::: Recorded information :::

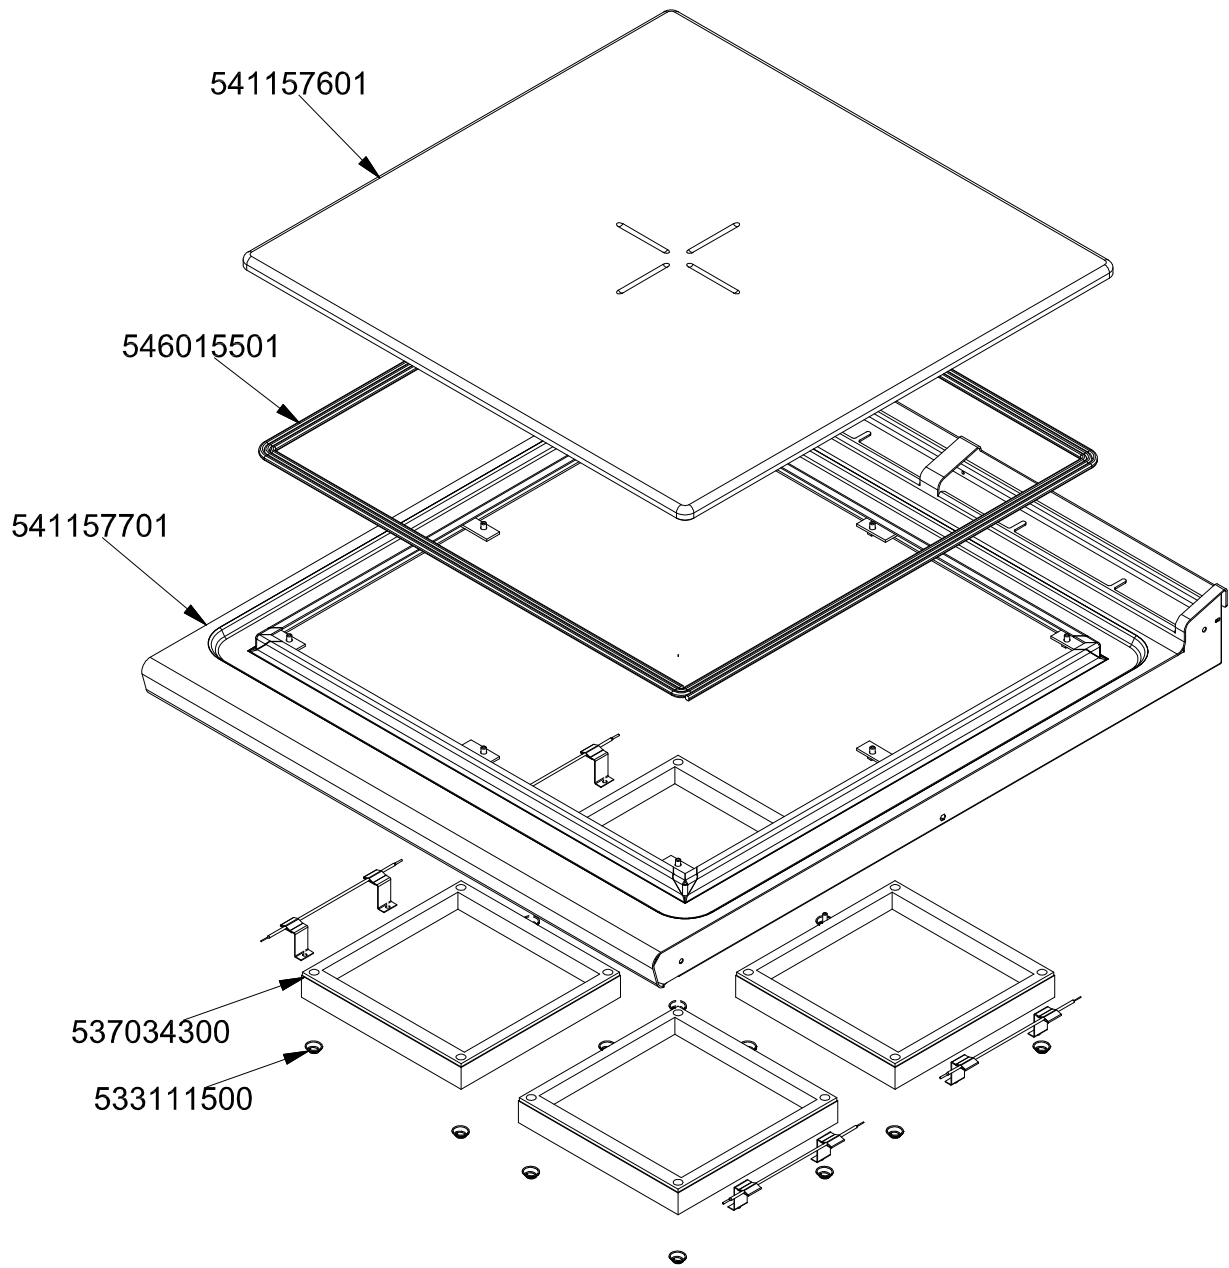

# IPERLOTUS 90

ELETTRICO / ELECTRIC / ELEKTRO / ELECTRIQUE

**TP-98ET**

	1
Vedi Pagina See Page Siehe Seite Voir Page Ver Página	134

560074100M00P00

**TP-ET**

560074700M00P00.

Page	Pos	Code	Description
001		532004100	FLUE GRID L=370 70LINE (RAF)
001		539018900	INDEX FOR KNOB
001		536019700	BLACK KNOB §70 PIN §6*5
001		537037600	COMMUTATOR 4 POS.3PHASE S.43 32A
001		539008800	ADHESIVE GRAD.DISC 4POS.CPT-ET RED
001		537014100	WHITE WARNING LIGHT 250V
001		544407400	LEFT SIDE PANEL 70 LINE
001		541104000	CONTROL PANEL PC-78E
001		537007700	TERMINAL BLOCK THREEPHASE 40A
001		537000900	THERMOSTAT 50-320°C THREEPHASE
001		544407300	RIGHT SIDE PANEL 90 LINE
001		536005200	INOX LEG 2" 120-180 M10
002		541157601	
002		546015501	
002		541157701	UPPER PLATE TP-98E
002		537034300	HEATING EL. 250X250 3400W230V
002		533111500	COIL SPRING INTØ7X18XØFILO1 H=10

:::

◆ Required work ◆
What is needed is each line from the records with the word "Page" in it.

◆ Completed exercise ◆
Vedi Pagina See Page Siehe Seite Voir Page Ver Página	134
Page	Pos	Code	Description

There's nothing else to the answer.